BEGIN

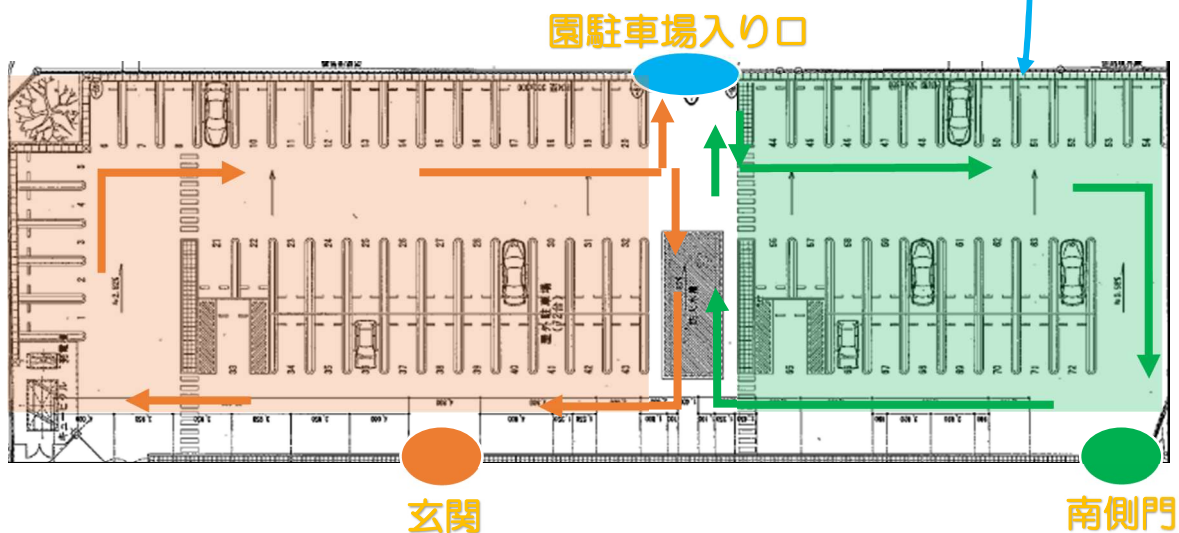

保護者の皆様へ

れいんぼー幼稚園

駐車場のご利用について

※南門側は緑の矢印、玄関側は茶色の矢印の通りに駐車場での進行をお願いします。

- ▶ 駐車場内は、必ずお子様の手をつないで頂き、速やかに登降園をして頂くようお願い致します。
- ▶ 駐車場内で走ったり遊んだりすると大変危険ですのでおやめください。
- ▶ 玄関前での乗り降りは禁止とさせていただきます。
- ▶ 駐車場に入られる際は速度を落とし、場内では最徐行での走行をお願い致します。また、歩行者の往来に十分気を付け、事故のないようお願い致します。
- ▶ 混雑防止のため、登降園時は保護者同士の会話を控える等、速やかなご移動をお願い致します。
- ▶ 万が一、事故等があった場合は責任を負いかねますのでご了承ください。

この道は公道ではないため、登降園の際の車での通行はおやめ下さい。

れいんぼー幼稚園

横断歩道に歩行者がいないか確認のうえ、歩行者優先で安全に運転して下さい。
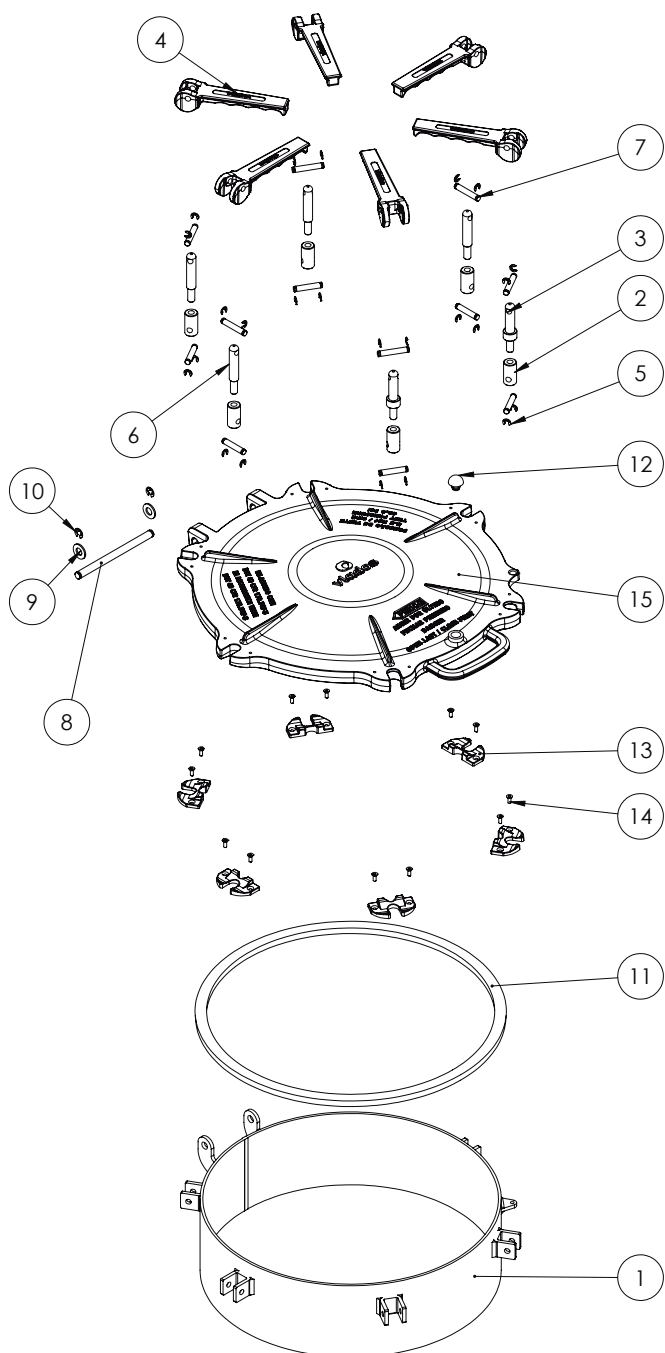

**Características**

- Pino Trava para segurança do operador, contra abertura espontânea por pressão;
- Alça na tampa que permite melhor manuseio;
- Batente de borracha que protege contra impactos e possíveis quebras;
- Lacre de segurança contra furto;
- Alavancas com regulagem individual.

**ESPECIFICAÇÕES**

|                   |  |
|-------------------|--|
| Diâmetro nominal  | 517mm  |
| Req. Instalação   | Furo no tanque de Ø 20.3/8 (517,5 mm)  |
| Regulam. técnicos | DOT 49 CFR 178.347-3<br>Anexo H da Portaria 134/22                                 |
| Compatibilidade   | Sal, grãos, produtos alimentícios secos, cimento, cal, areias químicas e óleo cru. |
| Periódico         | Verificação trimestral das vedações  |

DESENHO TÉCNICO

COMPONENTES

| num. | componentes                     | quant. | código           |
|------|---------------------------------|--------|------------------|
| 01   | FRISO TAMPA 6 ALAV AÇO          | 01     | 03.0008.006.0001 |
| 02   | BUCHA REG TAMPA 6 ALAV REG      | 06     | 03.0008.031.0002 |
| 03   | PINO ART TRAVA TAMPA 6 ALAV REG | 02     | 03.0008.031.0003 |
| 04   | CABO TAMPA 6 ALAV REG US        | 06     | 03.0008.031.0004 |
| 05   | anel din 6799                   | 24     | 03.0011.003.0000 |
| 06   | PINO ART TAMPA 6 ALAV REG       | 04     | 03.0008.031.0005 |
| 07   | PINO CABO TAMPA 6 ALAV REG      | 12     | 03.0008.031.0006 |
| 08   | PINO DA DOBRADICA TAMPA 6 ALAV  | 01     | 03.0008.001.0046 |
| 09   | arruela lisa m12                | 02     | 03.0019.004.0000 |
| 10   | anel elástico 503090            | 02     | 03.0011.004.0000 |
| 11   | GUARN NITRILICA TAMPA 6 ALAV    | 01     | 03.0008.006.0039 |
| 12   | BATENTE NITRILICA TAMPA 6 ALAV  | 01     | 03.0008.006.0014 |
| 13   | SEDE PLT TAMPA 6 ALAV REG       | 06     | 03.0008.031.0001 |
| 14   | PARAF ALLEN CAB ESC M5X16       | 12     | 03.0014.063.0000 |
| 15   | CORPO TAMPA 6 ALAV REG US       | 01     | 03.0008.031.0007 |
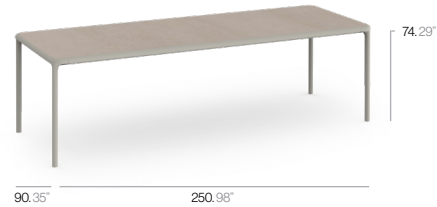

GOBI. SAND POLYETHYLENE

TECHNICAL SECTION

CLUB CHAIR / BUTACA

2 SEAT COMPACT SOFA / SOFÁ 2 PLAZAS COMPACT

3 SEAT SOFA / SOFÁ 3 PLAZAS

90 DINING TABLE / MESA ALTA 90

160 DINING TABLE / MESA ALTA 160

200 DINING TABLE / MESA ALTA 200

250 DINING TABLE / MESA ALTA 250

CUSHION / COJÍN

Stackable. Apilable

Stackable. Apilable

SLATS DINING CHAIR / SILLA SLATS

SLATS DINING ARMCHAIR / SILLA SLATS CON BRAZOS

Stackable. Apilable

SLATS STOOL 30" / TABURETE SLATS 76
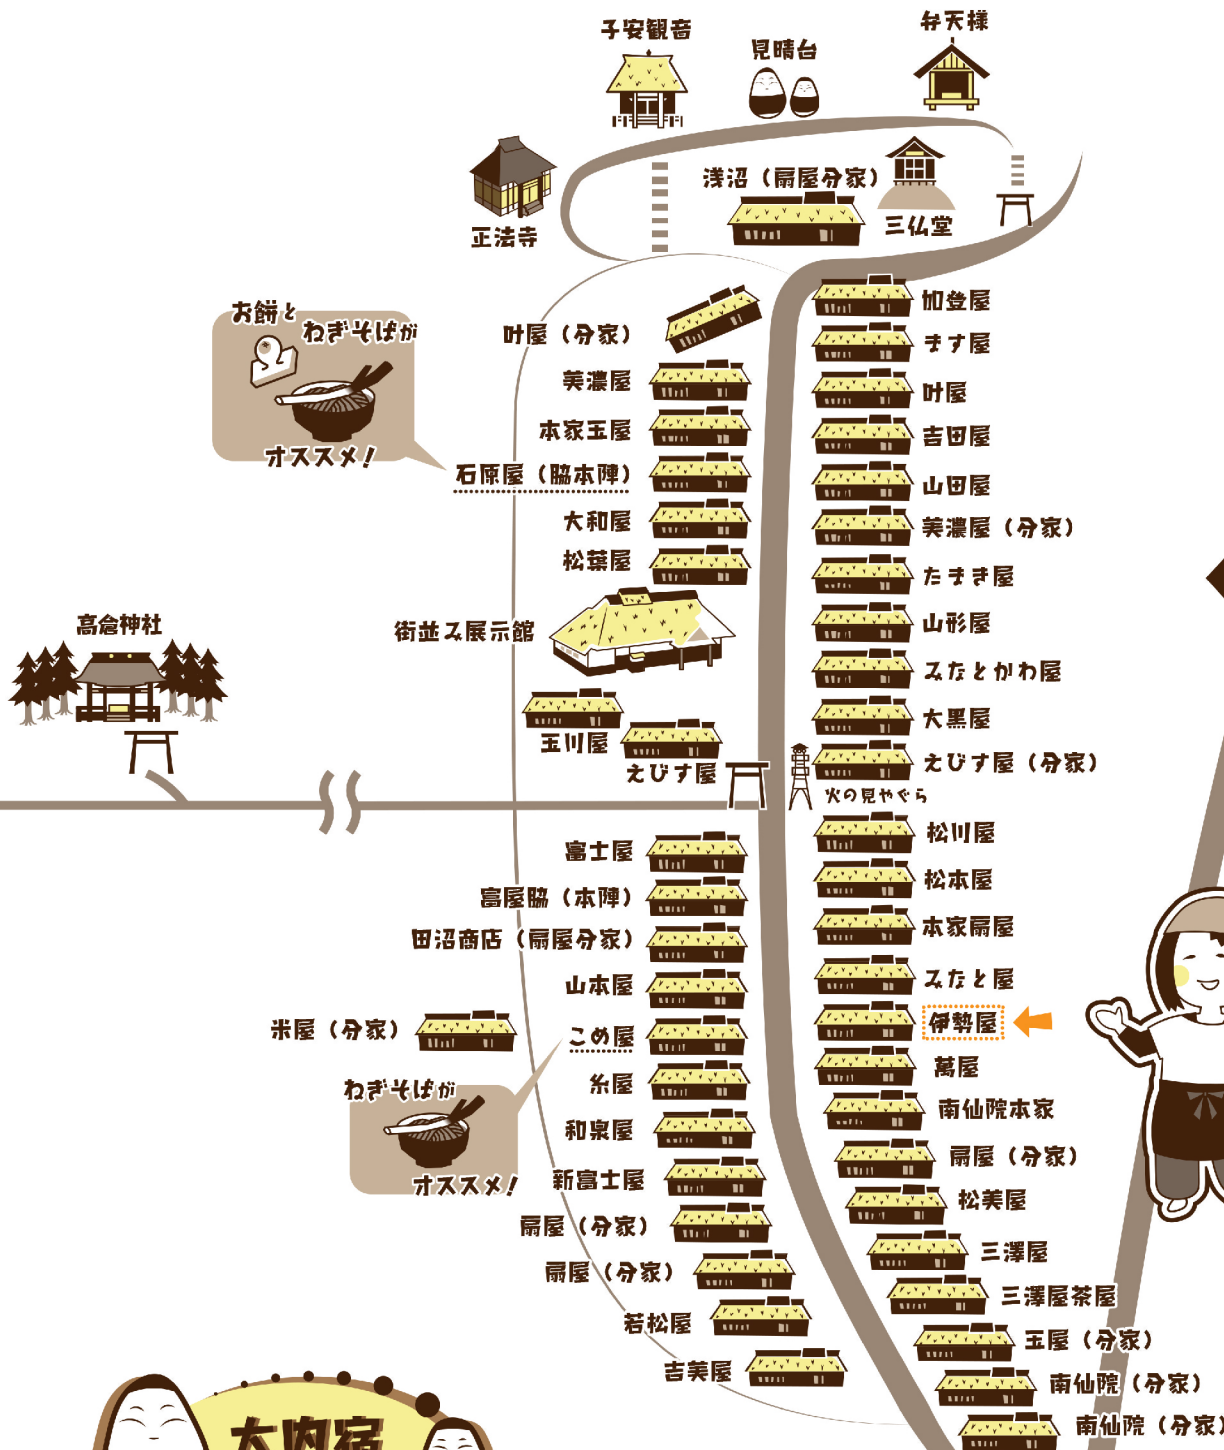

大内宿 MAP

お餅とわがそばが
オススメ!

わがそばが
オススメ!

131

伊勢屋は
こちら!

P 有料駐車場
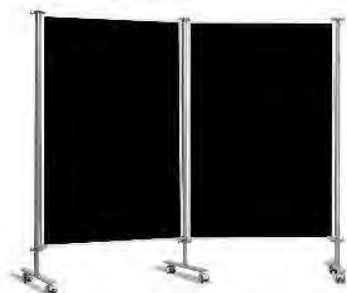

Rumdelerer/skærmvægge.

Rumadskillelse og udstillingssystem i et.

Systemet er forberedt så det kan bruges både som rumadskillelse og udstillingssystem
Pladerne kan vendes så højde bliver til bredde

Samme stoffarver som opslagstavler, også burrestof.
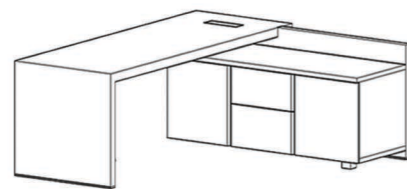

Doğal kaplama tabla ve ayaklar ile lake ön perdeli, çekmece ve çok maksatlı kullanım alanlı yan ilaveli masa.

CRA.77

Crea

6CRA.7706
243x210x75H

6CRA.7707
80x50x44H

6CRA.7712
180x45x68H

6CRA.7716
151x50x194H
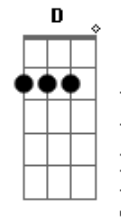

DJ Mike - Temos Que Sonhar

tom:

Intro: C F D F

G F
Às vezes eu me sinto
G
Tão mal e só
G F
Você é o que eu preciso
D G
Na escuridão as noites são vazias
D G
Você aqui é tudo o que eu queria

G F
Eu penso no futuro
G F
A gente lá curtindo o nosso mundo
D G
Mas cada vez que eu sinto estar mais perto
D G Am
Tudo muda, tudo é tão incerto

F
Pensamento em você
F Am G
Nada para
F
Olhe ao redor
F C G
Tudo está lá
F
Estou com você
F C G
Sempre que pensar
F
Sem jamais sofrer
F C G
Temos que sonhar

G F
Cada dia um recomeço
G
Como é a vida
G F
Há tanto desespero
D G
Mas quando eu te vejo ao meu lado
D
Como é tão bom
D G7 Am
Não pode dar errado

G F
E o tempo vai passando
G
Ah, e tudo parece que vai acabar
F
Mas não tem mais jeito
F
Nunca tem fim

D G
Um dia vai mudar

Acordes

D G Am
Um dia vou pra sempre te amar

F
Pensamento em você
F Am G
Nada para
F
Olhe ao redor
F C G
Tudo está lá
F
Estou com você
F C G
Sempre que pensar
F
Sem jamais sofrer
F C G
Temos que sonhar

[Solo] F F C D
F F C D
F F C G
Dm E Am E
Dm E Am E
D E C A
D E C A

D G
Mas quando eu te vejo ao meu lado
D
Como é tão bom
D G Am
Não pode dar errado

F
Pensamento em você
F Am G
Nada para
F
Olhe ao redor
F C G
Tudo está lá
F
Estou com você
F C G
Sempre que pensar
F
Sem jamais sofrer
F C G
Temos que sonhar

D E Am Gb E
E quando for tentar entender
D E Am
Um dia foi e outro virá
Gb E
Tem que vencer
D
Nada é fácil
E Am Gb E
Tudo demora pra acontecer
D E
Mas lá na frente sei que será
Am Gb A
Só eu e você
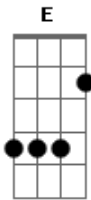

© ukulele-chords.com
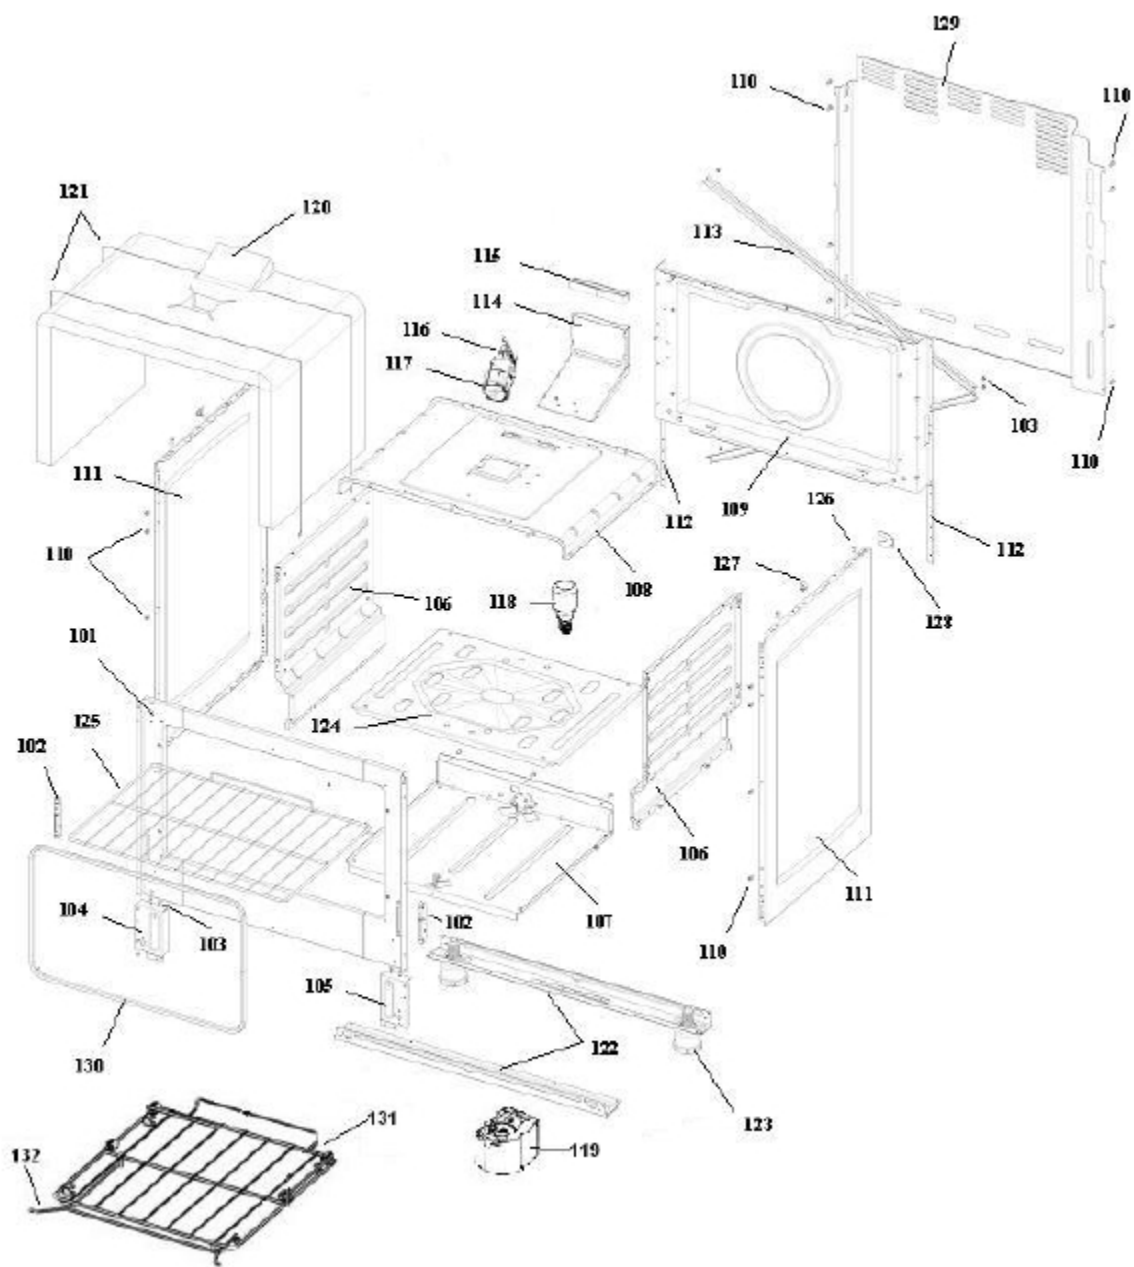

CATÁLOGO DE PEÇAS

BRASTEMP

FOGÃO 5 BOCAS ***Linha Clean***

BF076B

<i>N° ALT.</i>	<i>DATA</i>	<i>MOTIVO</i>	<i>RESP.</i>	<i>APROV.</i>
00	10.08.2009	Lançamento Fogão 5 bocas de piso - Linha Clean	Roberto Singer	Giancarlo Pallini

Tabela de Códigos Usina e Eletrodos

ATÉ VERSÃO DE ENGENHARIA 20		APÓS VERSÃO DE ENGENHARIA 30	
CÓDIGO	DESCRIÇÃO	CÓDIGO	DESCRIÇÃO
W10344078	USINA ELETRONICA 7 SAIDAS	W10362645	USINA ELETRÔNICA 7 SAÍDAS
W10277248	CJ DE FIOS DE ALTA TENSÃO PARA 6B	W10362948	CHICOTE ALTA TENSÃO 6 BOCAS
326065379	ELETRODO QUEIM FORNO PFG0049	W10393963	ELETRODO QUEIMADOR FORNO

Obs.: Os produtos com os números de série abaixo já estão na nova condição, ou seja, já possuem conectores no sistema POSITIVE LOCK. CB1796349 à CB1796389 CB1799855 e à CB799904.

Antes de solicitar os componentes do sistema de gás do forno, o queimador que está no fogão deve ser identificado e o informativo PPF0049 deve ser consultado.

END

### What you need to do
Take the lines above from the one containing "Furo no tanque" to the one containing "num. | componentes" and retype them exactly, both ends included, with nothing added.

### Your response
| Req. Instalação   | Furo no tanque de Ø 20.3/8 (517,5 mm)  |
| Regulam. técnicos | DOT 49 CFR 178.347-3<br>Anexo H da Portaria 134/22                                 |
| Compatibilidade   | Sal, grãos, produtos alimentícios secos, cimento, cal, areias químicas e óleo cru. |
| Periódico         | Verificação trimestral das vedações  |

DESENHO TÉCNICO

COMPONENTES

| num. | componentes                     | quant. | código           |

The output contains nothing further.